State v. Hart, 256 N.C. 645 (1962)

April 11, 1962 · Supreme Court of North Carolina
256 N.C. 645

STATE v. ELIAS HART.

(Filed 11 April, 1962.)

1. Criminal Law §§ 51, 55—

It is not required that a hematologist be also a chemist in order to be qualified to give expert testimony as to the effect of given percentages of alcohol in the blood stream of human beings, the witness having testified that he had studied standard works upon the subject, that he had worked under pathologists and senior technicians, and that he had made analyses of samples of blood over a number of years to determine the percentage of alcohol and other elements in the blood stream.

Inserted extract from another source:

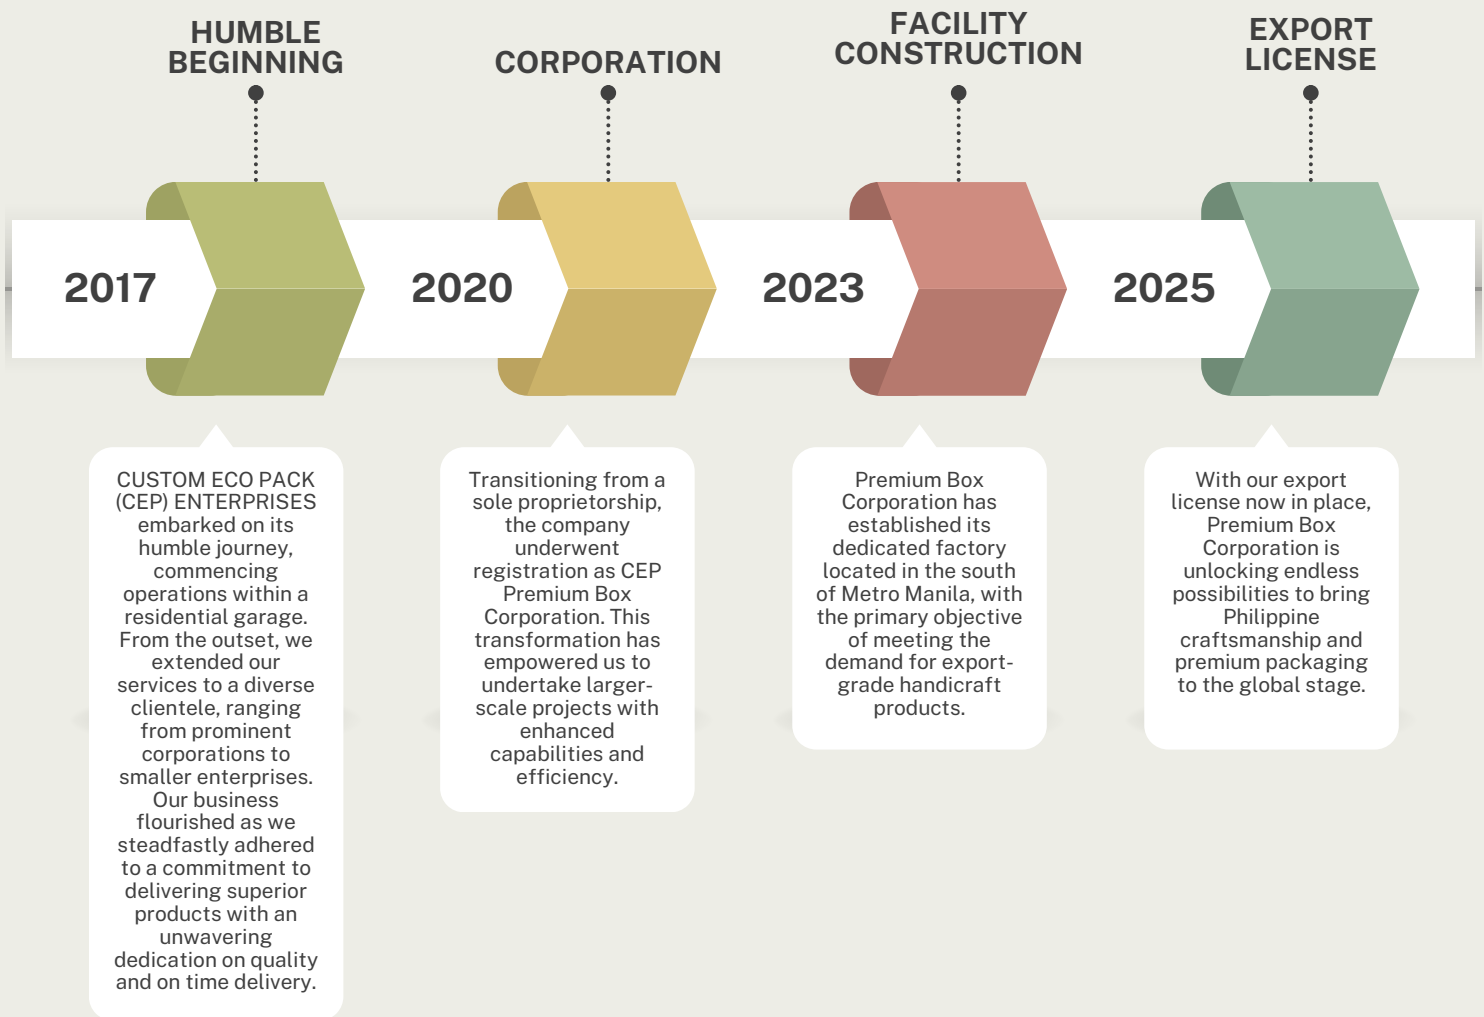

Premium Box Corporation Company Milestone

2. Criminal Law §§ 52, 55—

It is competent for a witness qualified as an expert by the court and who has testified as to the percentage of alcohol in a sample of blood which the witness had taken from defendant immediately after the time in question, to testify as to the effect of various percentages of alcohol in the blood stream of human beings, that some humans were axoprcciably under the influence of alcohol at a certain percentage, while others would not be under the influence until a higher percentage was reached, and that all persons, regardless of size, age, or anything else, would be appreciably under the influence of alcohol at a percentage less than that found in defendant’s blood, etc.

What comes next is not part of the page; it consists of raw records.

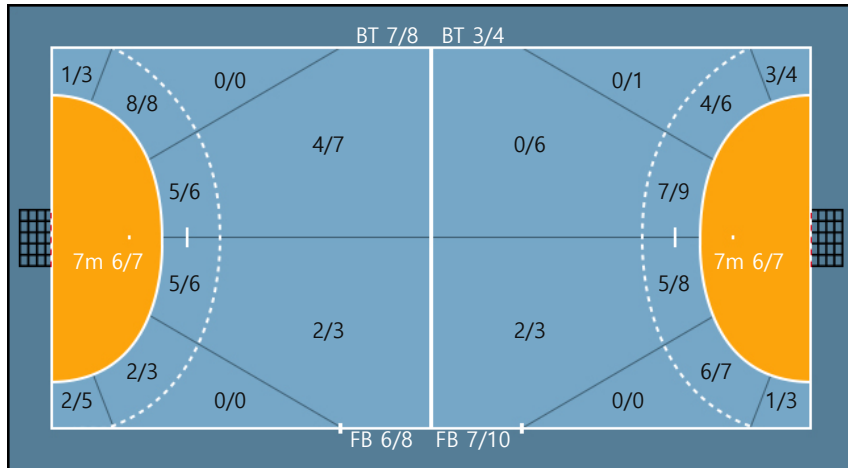

[SK 핸드볼 코리아리그(일반부)]

Shot Distribution

2023. 04. 09 12:00 SK호크스아레나

Referees : 박현진 / 조용현
Technical officer : 김영진 / 김국환
MVP : 23. 우빛나(서울시청)

서울시청 35   19 : 16   **34**   **경남개발공사**

서울시청

Players

Goals / Shots

2. 송지영		
1/2	0/0	0/0
0/0	0/0	0/0
2/2	0/0	0/0

Post: 1

11. 박수정		
0/0	1/1	0/0
0/1	0/0	0/0
1/1	0/0	0/0

12. 정진희		
0/0	0/0	0/0
0/0	0/0	0/0
0/0	0/0	0/0

16. 나혜린		
0/0	0/0	0/0
0/0	0/0	0/0
0/0	0/0	0/0

17. 조수연		
0/0	0/0	2/2
0/1	0/0	0/0
1/2	0/0	0/1

Blocked: 1

20. 이규희		
0/0	0/0	0/0
0/0	0/0	0/0
0/0	0/0	0/0

23. 우빛나		
1/1	0/0	3/4
0/0	0/0	0/0
5/6	0/0	6/6

Post: 1 Blocked: 3

24. 박지호		
0/0	0/0	0/0
0/0	0/0	0/0
0/0	0/0	0/0

27. 오예나		
0/0	0/0	0/0
0/0	0/0	0/0
0/0	0/0	0/0

29. 윤예진		
0/0	0/0	1/1
1/2	0/0	0/0
2/3	0/0	2/2

Missed: 1 Post: 1

33. 최현주		
0/0	0/0	0/0
0/0	0/0	0/0
0/0	0/0	0/0

34. 최한솔		
0/0	0/0	1/1
0/0	0/0	0/0
2/2	0/0	1/1

88. 조아람		
0/0	0/0	1/1
0/0	0/0	0/0
1/1	0/0	0/0

97. 우하림		
0/0	0/0	0/0
0/0	0/0	0/0
0/0	0/0	0/0

Team

Goals / Shots

Team		
2/3	1/1	8/9
1/4	0/0	0/0
14/17	0/0	9/10

Missed: 1 Post: 3 Blocked: 4

Offense

Defense

Goalkeepers

Goals / Shots

12. 정진희		
4/4	0/2	10/12
0/3	0/0	0/0
6/14	0/0	11/14

16. 나혜린		
0/0	0/0	1/1
0/0	0/0	0/0
0/0	0/0	1/1

2Min	2 Minute Suspensions	AS	Assists	BS	Block Shots	BT	Breakthroughs	RB	Rebound
DR	Disqualification with report	RC	Red cards	FB	Fast Breaks	G/S	Goals/Shots	BD	Blocked
S/S	Saves/Shots	YC	Yellow cards	ST	Steals	TF	Technical Faults	%	Efficiency

3. Criminal Law § 107— Instruction on testimony of expert witness as to effect of various percentages of alcohol in blood stream, held not eiToneous.

The charge of the court in recounting the testimony of an expert witness as to the effect of various percentages of alcohol in the blood stream of human beings, given in explanation of the witness’ opinion that all persons regardless of age, size, or anything else, would be appreciably under the influence of alcohol if they had a percentage of alcohol in the blood stream even lower than that found in the sample of defendant’s blood, is held not erroneous in failing to instruct the jury as to how such testimony should be considered in determining the guilt or innocence of defendant of the charge of driving on a public highway while under the influence of intoxicating liquor, since such testimony relates not to the guilt or innocence of defendant but to the credibility of the testimony of the witness that from his analysis of the blood sample taken from defendant and from his personal observation of defendant, defendant was under the influence of some intoxicating beverage.

4. Criminal Law § 159—

Assignments of error not brought forward and discussed in the brief are deemed abandoned. Rule of Practice in the .Supreme Court No. 2S.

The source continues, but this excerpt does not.